Iraqi Sunni protesters gather in Samarra on March 22, 2013 decrying the alleged targeting of their minority community by the Shiite-led authorities ahead of the provincial elections on April 20, 2013.

Sold to the US public with noble promises of "liberation" and "democracy," the invasion of Iraq instead delivered what Agence France-Presse described on Tuesday as the "politics of death."

Sectarian violence and political assassinations have been on the rise ahead of upcoming elections and March, which also marked the tenth anniversary of the US bombardment and ground war, was the deadliest month since summer of last year.

On Monday, as Al-Jazeera reports, a suicide bomber blew up a tanker truck at police headquarters in the Iraqi city of Tikrit, killing nine people and wounding 11 people.
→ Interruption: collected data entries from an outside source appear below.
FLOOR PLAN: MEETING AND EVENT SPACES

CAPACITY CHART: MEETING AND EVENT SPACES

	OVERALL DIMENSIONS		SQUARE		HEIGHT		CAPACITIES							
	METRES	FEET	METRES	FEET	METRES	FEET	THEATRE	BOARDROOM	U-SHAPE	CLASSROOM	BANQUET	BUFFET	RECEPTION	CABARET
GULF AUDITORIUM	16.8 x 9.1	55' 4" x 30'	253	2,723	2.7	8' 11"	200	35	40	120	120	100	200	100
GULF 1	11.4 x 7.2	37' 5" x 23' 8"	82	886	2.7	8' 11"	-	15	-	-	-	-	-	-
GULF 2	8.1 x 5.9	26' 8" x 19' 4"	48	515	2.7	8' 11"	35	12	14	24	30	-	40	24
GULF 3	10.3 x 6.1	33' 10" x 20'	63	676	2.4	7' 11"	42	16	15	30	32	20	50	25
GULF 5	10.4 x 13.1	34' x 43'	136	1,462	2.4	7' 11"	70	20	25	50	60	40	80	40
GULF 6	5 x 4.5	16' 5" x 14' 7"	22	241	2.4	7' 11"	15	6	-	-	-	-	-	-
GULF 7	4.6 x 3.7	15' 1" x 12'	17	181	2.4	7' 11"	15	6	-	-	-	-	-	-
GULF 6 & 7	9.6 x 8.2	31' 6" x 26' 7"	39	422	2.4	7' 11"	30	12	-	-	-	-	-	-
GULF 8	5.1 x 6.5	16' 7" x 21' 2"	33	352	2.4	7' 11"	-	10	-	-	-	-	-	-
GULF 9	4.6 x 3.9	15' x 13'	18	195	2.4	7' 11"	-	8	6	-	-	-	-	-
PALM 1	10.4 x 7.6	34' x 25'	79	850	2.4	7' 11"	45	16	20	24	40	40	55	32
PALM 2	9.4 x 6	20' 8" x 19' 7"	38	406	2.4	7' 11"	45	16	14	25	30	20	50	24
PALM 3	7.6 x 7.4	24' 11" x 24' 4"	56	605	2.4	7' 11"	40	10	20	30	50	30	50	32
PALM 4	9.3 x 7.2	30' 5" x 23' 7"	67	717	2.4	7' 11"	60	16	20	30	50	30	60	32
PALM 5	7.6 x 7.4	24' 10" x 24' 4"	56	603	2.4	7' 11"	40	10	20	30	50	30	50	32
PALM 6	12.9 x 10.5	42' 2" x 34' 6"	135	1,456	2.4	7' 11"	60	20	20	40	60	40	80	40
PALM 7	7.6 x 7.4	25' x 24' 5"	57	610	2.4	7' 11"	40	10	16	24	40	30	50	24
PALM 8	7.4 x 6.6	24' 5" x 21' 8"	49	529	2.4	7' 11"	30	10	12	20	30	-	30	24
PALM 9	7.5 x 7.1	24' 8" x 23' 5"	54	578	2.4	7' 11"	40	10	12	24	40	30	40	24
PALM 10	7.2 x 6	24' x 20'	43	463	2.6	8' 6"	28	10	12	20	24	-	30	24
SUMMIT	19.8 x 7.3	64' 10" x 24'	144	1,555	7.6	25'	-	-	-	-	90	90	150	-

On Tuesday, a group of gunmen killed three people at an gas field operation in Anbar province. Last week, a series of bombings left many others dead and wounded. And the week before that, dozens were killed in a similar string of attacks.

As AFP reports, 11 candidates standing for elections scheduled for April 20th have been killed in recent months. The latest, Salah al-Obeidi, was gunned down in his office by masked assailants.

His death has contributed to growing mistrust between Iraq's Sunni community and the Shiite-led authorities. All 11 candidates killed have been Sunni, six of them Iraqiya members, fostering a belief that the security forces pay less attention to protecting Sunnis.

Provinces in Iraq's north and west, all predominantly Sunni, have already been roiled by months of protests, the minority community alleging that it is disproportionately targeted by anti-terror laws and rules barring those with links to Saddam's regime from participating in public life.

And at the highest levels of government, Prime Minister Nuri al-Maliki, who is Shiite, is locked in a long-running spat with his erstwhile government partners, particularly members of Iraqiya who charge him with consolidating control of the security forces and marginalising Sunnis.

As many observers have commented, the legacy of the US invasion is a destroyed Iraq. As Sami Ramadani, an Iraqi living in exile in the UK, recently asked: "And what of democracy, supposedly the point of it all?" He answered:

The US-led occupying authorities nurtured a "political process" and a constitution designed to sow sectarian and ethnic discord. Having failed to crush the resistance to direct occupation, they resorted to divide-and-rule to keep their foothold in Iraq. Using torture, sectarian death squads and billions of dollars, the occupation has succeeded in weakening the social fabric and elevating a corrupt ruling class that gets richer by the day, salivating at the prospect of acquiring a bigger share of Iraq's natural resources, which are mostly mortgaged to foreign oil companies and construction firms.

Warring sectarian and ethnic forces, either allied to or fearing US influence, dominate the dysfunctional and corrupt Iraqi state institutions, but the US embassy in Baghdad – the biggest in the world – still calls the shots. Iraq is not really a sovereign state, languishing under the punitive Chapter VII of the UN charter.

As for the recently murdered political hopeful al-Obeidi? One mourner at his funeral told AFP:  "If he continued in politics, we thought that Salah would become prime minister one day."

But, like hundreds of thousands of others who lost their lives during the US invasion and its violent and ongoing aftermath, it was not to be.